A cette époque, vous ne lisez pas seulement, vous écrivez
aussi…
Oui, entre mes 16 et 17 ans, j’ai rédigé un roman épistolaire
assez baroque, trop « grandiloquent », diriez-vous, sur la civilisation incae. C’est l’histoire imaginaire du dernier des Indiens.
Il raconte l’effondrement de sa civilisation dans des lettres
qu’on aurait retrouvées des siècles plus tard. Mais je n’étais pas
vraiment content de ce texte. Depuis, je l’ai plusieurs fois retravaillé sans arriver à ce dont je rêverais. Peut-être finirai-je par
oser le publier.
A 16 ans, vous vous dites : « Je serai écrivain » ?
Oui, j’en suis alors convaincu. C’est mon unique vocation. Une
vocation que, avant d’être ma femme, Brigitte, quand elle était ma
prof de français, avait partagée et encouragée. Confidence pour
confidence, j’ai écrit deux autres romans et aussi des poèmes…
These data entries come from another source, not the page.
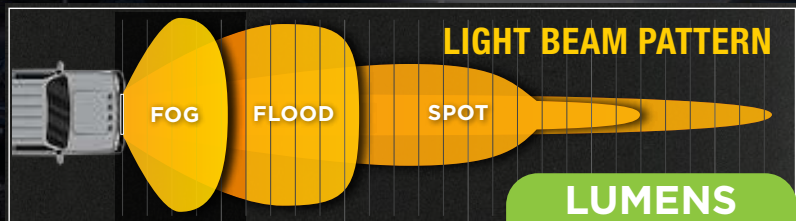

Part Number	Beam Pattern	Length (IN)	Amp Draw	Raw	Effective
CWL522	SPOT/FLOOD	20"	6.0	7,920	6,011
CWL52210	SPOT/FLOOD	11.75"	2.7	4,000	2,780
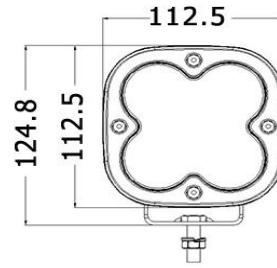

NW-S40D

DRL

FEATURE

- Solid aluminum housing for efficient heat dissipation prolongs lifespan
- Adopts 4pcs high power LED, SPOT beam with DRL function - optional of amber color and clear color
- Rated IP67 for dust and water resistance
- Strong and robot design, suit for trailer&truck, heavy duty vehicles and construction vehicles

CODE	SPEC
DRL/Park light	1pcs 1W phillip LED
LED	4pcs 10W LED
Color Temp	5000-6500K
Effective lumen	2500lm
Effective Power	40W
Waterproof	IP67
Voltage	IP67
Dimension	112.5*112.5*92.7mm
Working temperature	-40-70°C
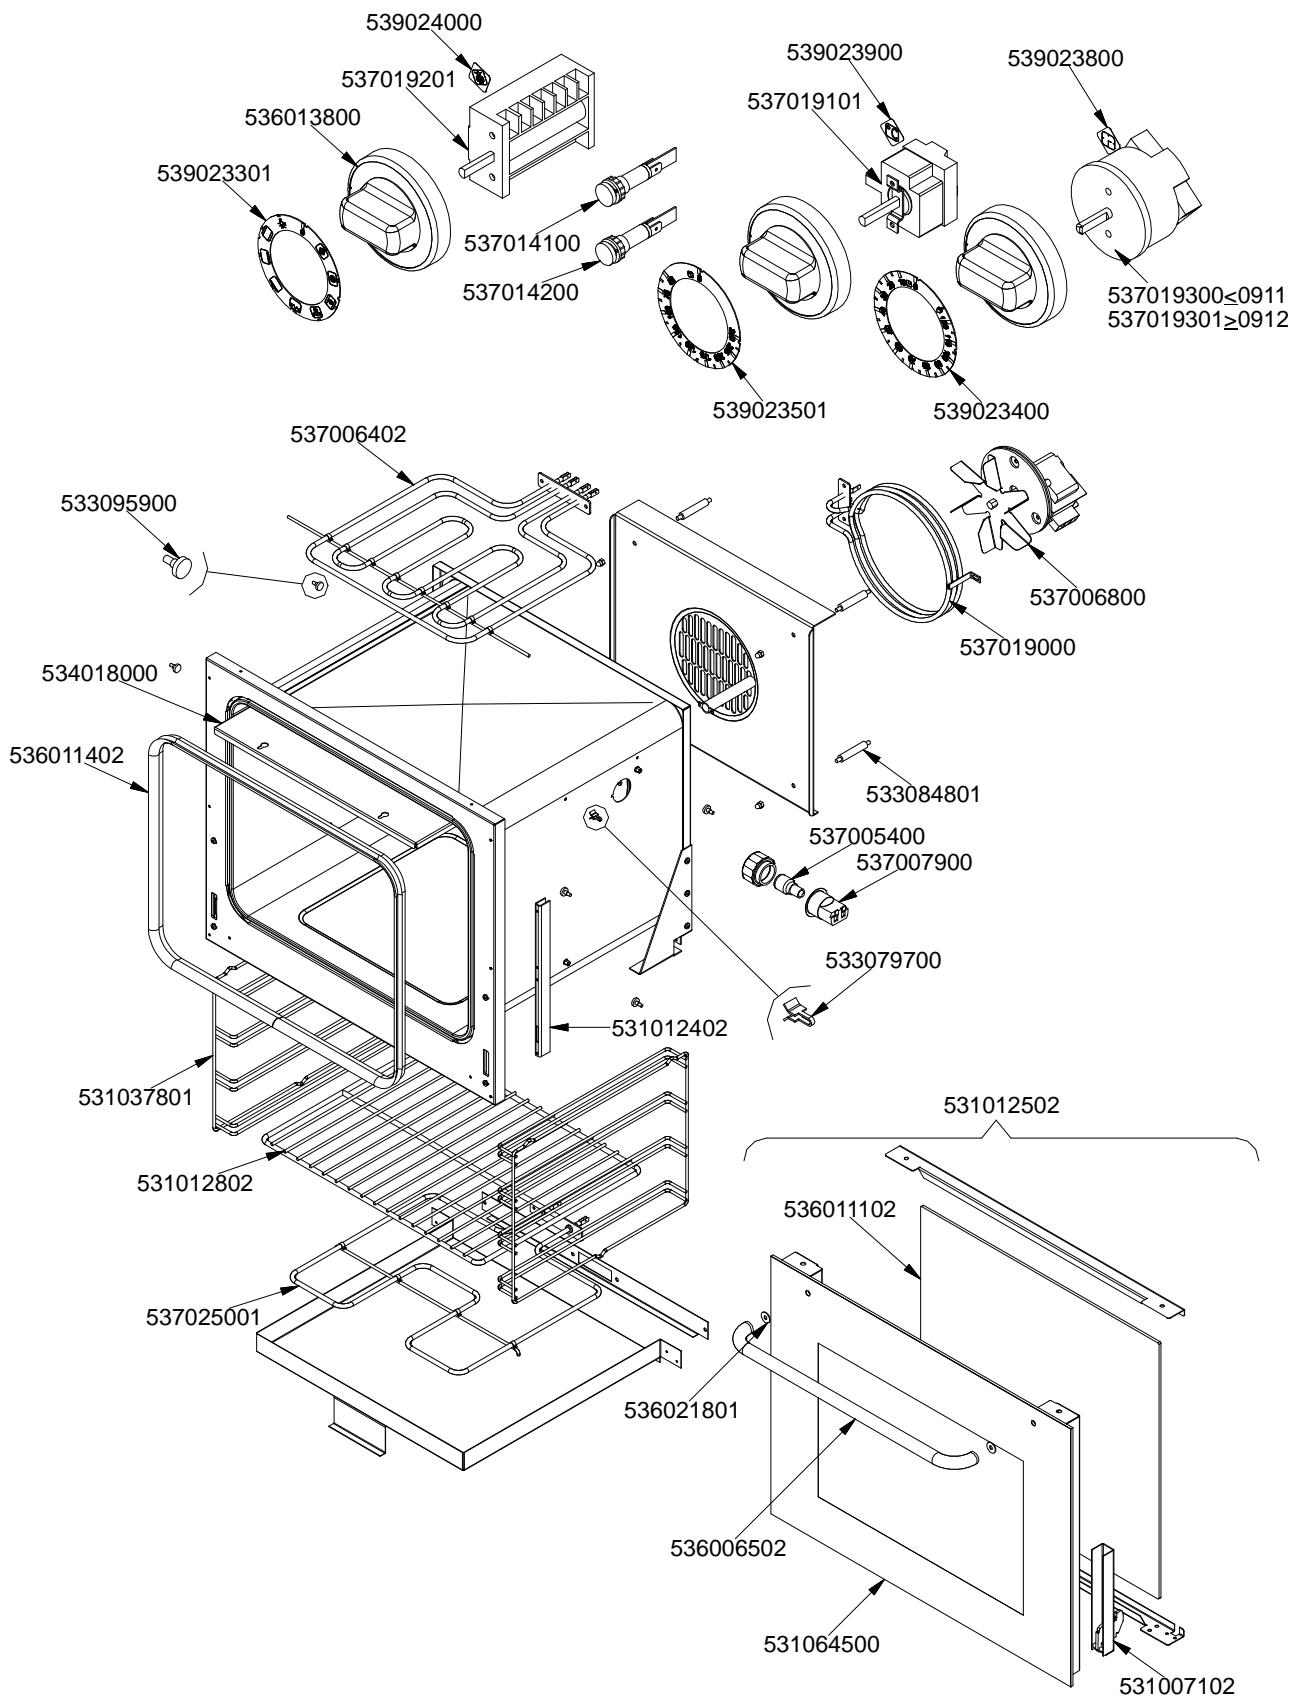

560003602M00P00

Page	Pos	Code	Description
001		541042100	UPPER PLATE PCC-74E
001		537013300	CURRENT REGULATOR FOR ELEC. PLATE
001		537014100	WHITE WARNING LIGHT 250V
001		541015500	NEUTRAL SPACER 62
001		537021500	REGULATOR FOR EL.PLATE 2CIRC.230V
001		537015301	EL. PLATE PCC D.230 700+1400W 230V
001		536013500	KNOB 7 POSITIONS PCC-60E
001		537014501	EL. PLATE PCC-60 D.165 1200W 230V
001		536013900	KNOB 7 POSITIONS PCC-60E
001		537020001	REMAINING HEAT 4 PILOT LIGHTS UNIT
001		544041101	CONTROL PANEL CF-62E
001		537007600	TERMINAL BLOCK SINGLEPHASE 40A
001		544040901	SIDE RANGE CF-62
001		531008100	ADJUSTABLE LEG H9 CHROME
002		539024000	SIGN PLATE FOR OVEN SELECTOR
002		537019201	OVEN COMMUTATOR MULTIF.60+65
002		536013800	KNOB D.70 BLACK 6*5 WITH SPRING
002		539023301	ADHESIVE GRADUATED*EL.MULTIF.COMM.
002		537014100	WHITE WARNING LIGHT 250V
002		537014200	GREEN WARNING LIGHT 250V
002		539023900	SIGN PLATE FOR OVEN TEMPERATURE
002		537019101	THERMOSTAT MONOPHAS.050-320°C F.MF
002		539023800	SIGN PLATE FOR OVEN TIMER
002		537019300	TIMER FOR MULTIFUNCTION OVEN
002		537019301	
002		539023501	ADHESIVE GRAD.DISC *E.MULTIF.TERM.
002		539023400	ADHESIVE GRADUATED DISC F.KNOB
002		537006402	OVEN ELEMENT * 62 SUP. 2500W 230V
002		533095900	PIN FOR GRIDSHOLDER SUPPORT CF 60
002		537006800	FAN 240V CF-62
002		537019000	CIRCULAR HEATING ELEMENT FOR OVEN
002		534018000	
002		536011402	OVEN GASKET CF-62
002		533084801	PANEL SPACER OF AIR DIFF.MAXI OVEN
002		537005400	OVEN BULB 15W 300°C
002		537007900	OVEN BULB-SOCKET
002		533079700	LOCK SPRING FOR BULB §3/§4
002		531012402	DOOR WHEEL HOLDER FOR MAXI OVEN
002		531037801	SUPPORT GRID OVEN NEW CF-62E
002		531012802	OVEN GRID CF-62E
002		537025001	OVEN HEATING EL.W1600 V230 62
002		531012502	COMPLETE OVEN DOOR 60*GLAS
002		536011102	
002		536021801	DOOR HANDLE SPACER FOR MAXI OVEN
002		536006502	OVEN DOOR HANDLE 60LINE AL.
002		531064500	EXTERNAL GLASS OVEN DOOR+FRAME*CF62
002		531007102	OVEN DOOR HINGE FOR 60LINE

“JE NE METS RIEN AU-DESSUS DE L’ÉCRITURE”
Etes-vous sûr que vous auriez eu la vanité et l’humilité de
devenir écrivain ?
La vanité, oui, l’humilité, non. J’avais une envie de combats et
un besoin de mêlées qui ne correspondaient pas à une vie d’écrivain. Mais j’ai gardé de ce temps-là un rapport traumatique avec
l’écriture. Vous n’imaginez pas ce que j’ai sué et souffert à écrire,
seul, mon livre « Révolution » (XO Editions, 2016), alors que
j’étais ministre. J’ai bien dû le reprendre et le corriger plus de
quinze fois ! Or, ce livre sur lequel je peinais nourrissait tous mes
discours. En Marche ! est né de ce que j’ai écrit pendant l’été 2015.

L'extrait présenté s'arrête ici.